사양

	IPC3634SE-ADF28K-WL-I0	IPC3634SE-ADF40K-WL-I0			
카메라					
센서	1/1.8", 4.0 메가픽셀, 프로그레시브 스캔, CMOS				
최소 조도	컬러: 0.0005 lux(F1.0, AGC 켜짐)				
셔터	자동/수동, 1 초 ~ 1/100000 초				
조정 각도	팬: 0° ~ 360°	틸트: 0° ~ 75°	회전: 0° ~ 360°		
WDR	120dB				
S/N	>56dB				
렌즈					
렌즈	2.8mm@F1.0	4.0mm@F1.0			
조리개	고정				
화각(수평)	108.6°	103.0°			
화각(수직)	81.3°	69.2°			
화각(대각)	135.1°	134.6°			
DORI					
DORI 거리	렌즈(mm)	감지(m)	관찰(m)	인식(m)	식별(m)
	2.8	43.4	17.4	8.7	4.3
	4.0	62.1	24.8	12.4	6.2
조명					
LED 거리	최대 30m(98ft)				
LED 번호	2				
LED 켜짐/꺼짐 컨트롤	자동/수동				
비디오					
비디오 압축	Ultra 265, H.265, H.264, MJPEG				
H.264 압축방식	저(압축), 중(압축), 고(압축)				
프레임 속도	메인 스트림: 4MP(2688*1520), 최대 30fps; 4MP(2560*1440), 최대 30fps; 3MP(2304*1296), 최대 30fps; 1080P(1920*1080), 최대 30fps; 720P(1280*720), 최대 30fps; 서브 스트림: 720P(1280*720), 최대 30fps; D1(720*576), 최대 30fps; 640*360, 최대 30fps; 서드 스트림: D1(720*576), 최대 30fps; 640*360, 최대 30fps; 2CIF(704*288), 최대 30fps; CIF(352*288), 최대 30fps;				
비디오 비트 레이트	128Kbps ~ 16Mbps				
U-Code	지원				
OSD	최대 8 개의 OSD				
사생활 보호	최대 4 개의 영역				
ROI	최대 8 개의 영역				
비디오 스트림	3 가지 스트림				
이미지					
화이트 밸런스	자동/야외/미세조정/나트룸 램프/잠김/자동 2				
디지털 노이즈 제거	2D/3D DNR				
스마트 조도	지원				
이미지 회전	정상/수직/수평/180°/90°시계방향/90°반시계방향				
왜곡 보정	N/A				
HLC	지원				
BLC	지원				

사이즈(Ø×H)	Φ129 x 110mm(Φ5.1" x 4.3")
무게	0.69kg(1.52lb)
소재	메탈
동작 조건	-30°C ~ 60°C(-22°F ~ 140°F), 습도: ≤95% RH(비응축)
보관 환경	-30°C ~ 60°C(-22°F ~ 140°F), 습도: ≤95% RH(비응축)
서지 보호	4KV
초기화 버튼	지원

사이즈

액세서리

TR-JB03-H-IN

══════

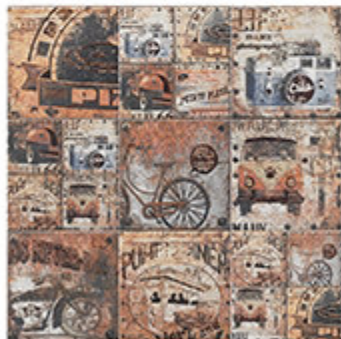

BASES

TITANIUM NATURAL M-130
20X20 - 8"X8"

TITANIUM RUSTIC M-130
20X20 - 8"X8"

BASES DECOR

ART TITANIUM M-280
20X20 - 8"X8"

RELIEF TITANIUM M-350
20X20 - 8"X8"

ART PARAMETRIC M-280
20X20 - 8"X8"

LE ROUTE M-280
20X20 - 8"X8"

══════

WHAT THE EXERCISE ASKS:
Copy out each line carrying the string "TITANIUM" from the data.

SOLUTION:
TITANIUM NATURAL M-130
TITANIUM RUSTIC M-130
ART TITANIUM M-280
RELIEF TITANIUM M-350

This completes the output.